Listed records:

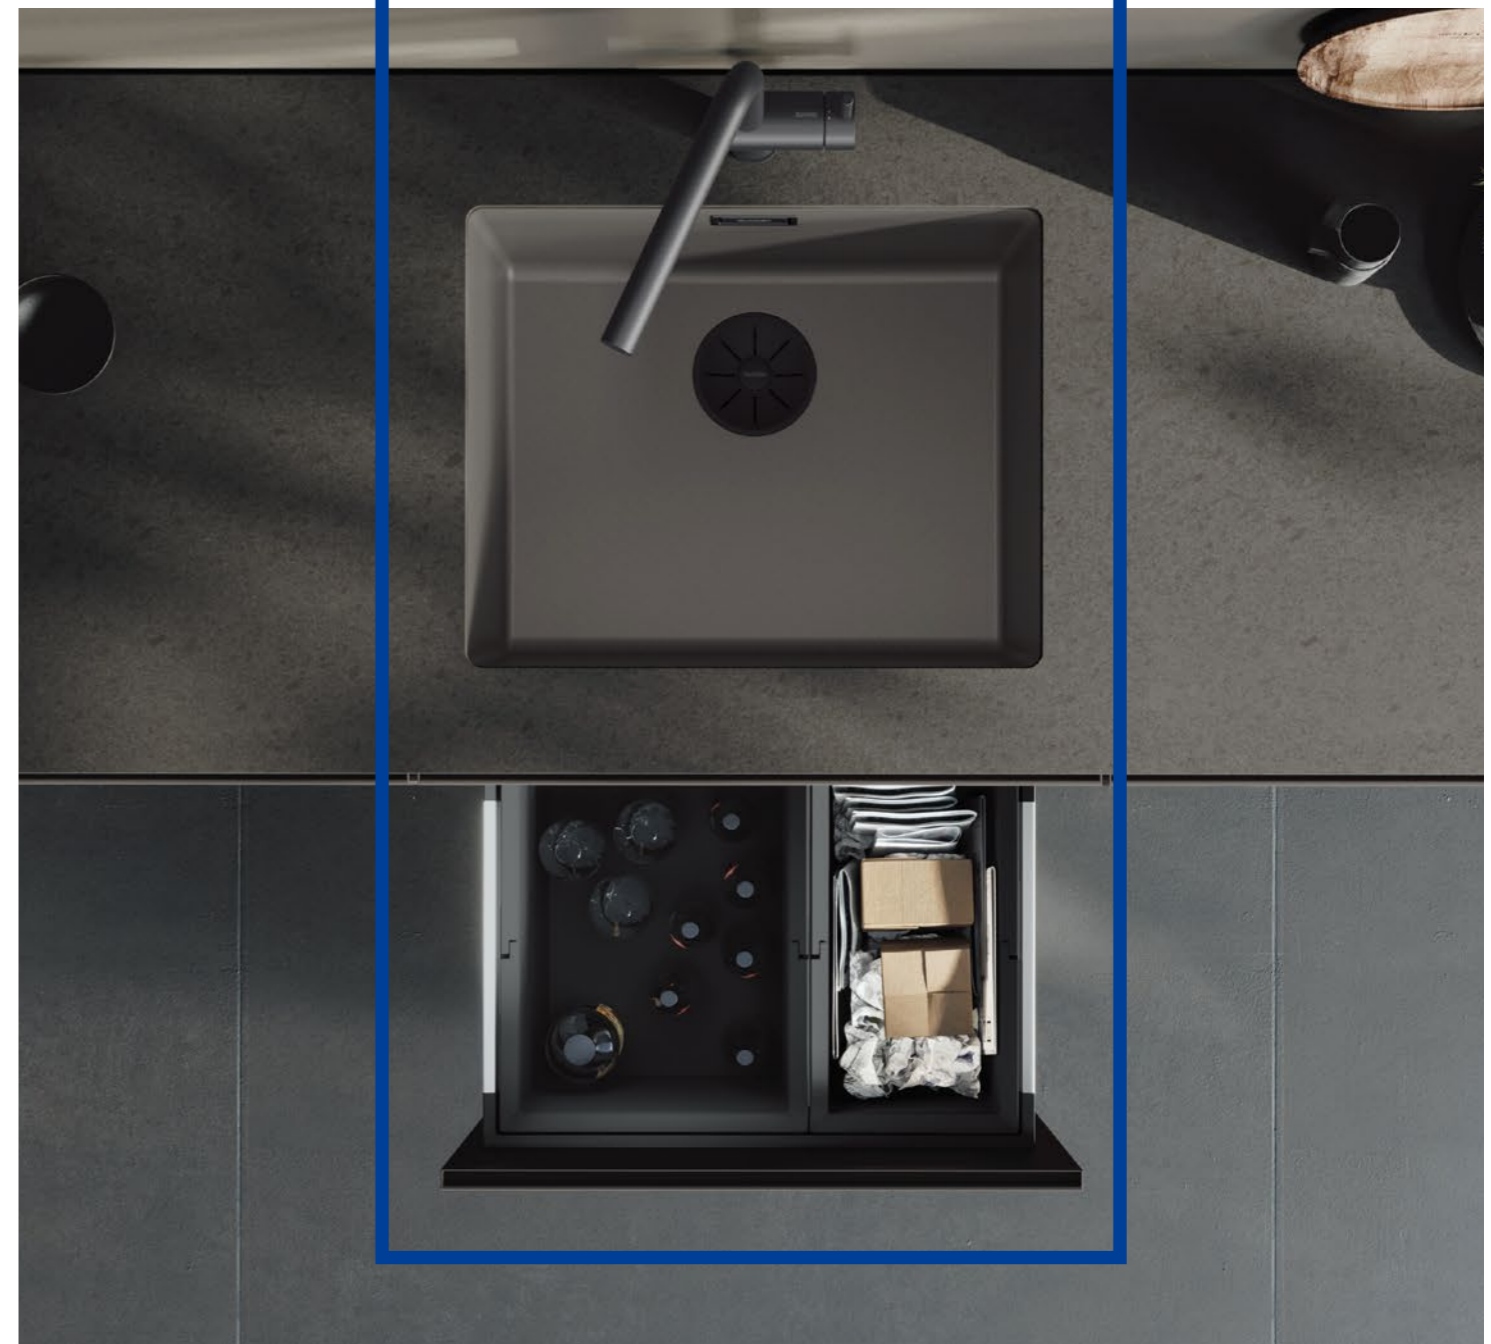

<https://www.letsthink.jp/>

2024.5

図面、価格、説明書等のデータダウンロードはこちら
<https://letsthink.jp/blanco/download>

海外製品については生産元の事情により製品の仕様等を予告なく変更、もしくは廃盤になることがあります。

GERMANY
SINCE 1925

BLANCO UNIT
drink. prep. clean.

Prompt: When copying the data above, repeat every word exactly and drop the pictures.

Task answer:
<https://www.letsthink.jp/>

2024.5

図面、価格、説明書等のデータダウンロードはこちら
<https://letsthink.jp/blanco/download>

海外製品については生産元の事情により製品の仕様等を予告なく変更、もしくは廃盤になることがあります。

GERMANY
SINCE 1925

BLANCO UNIT
drink. prep. clean.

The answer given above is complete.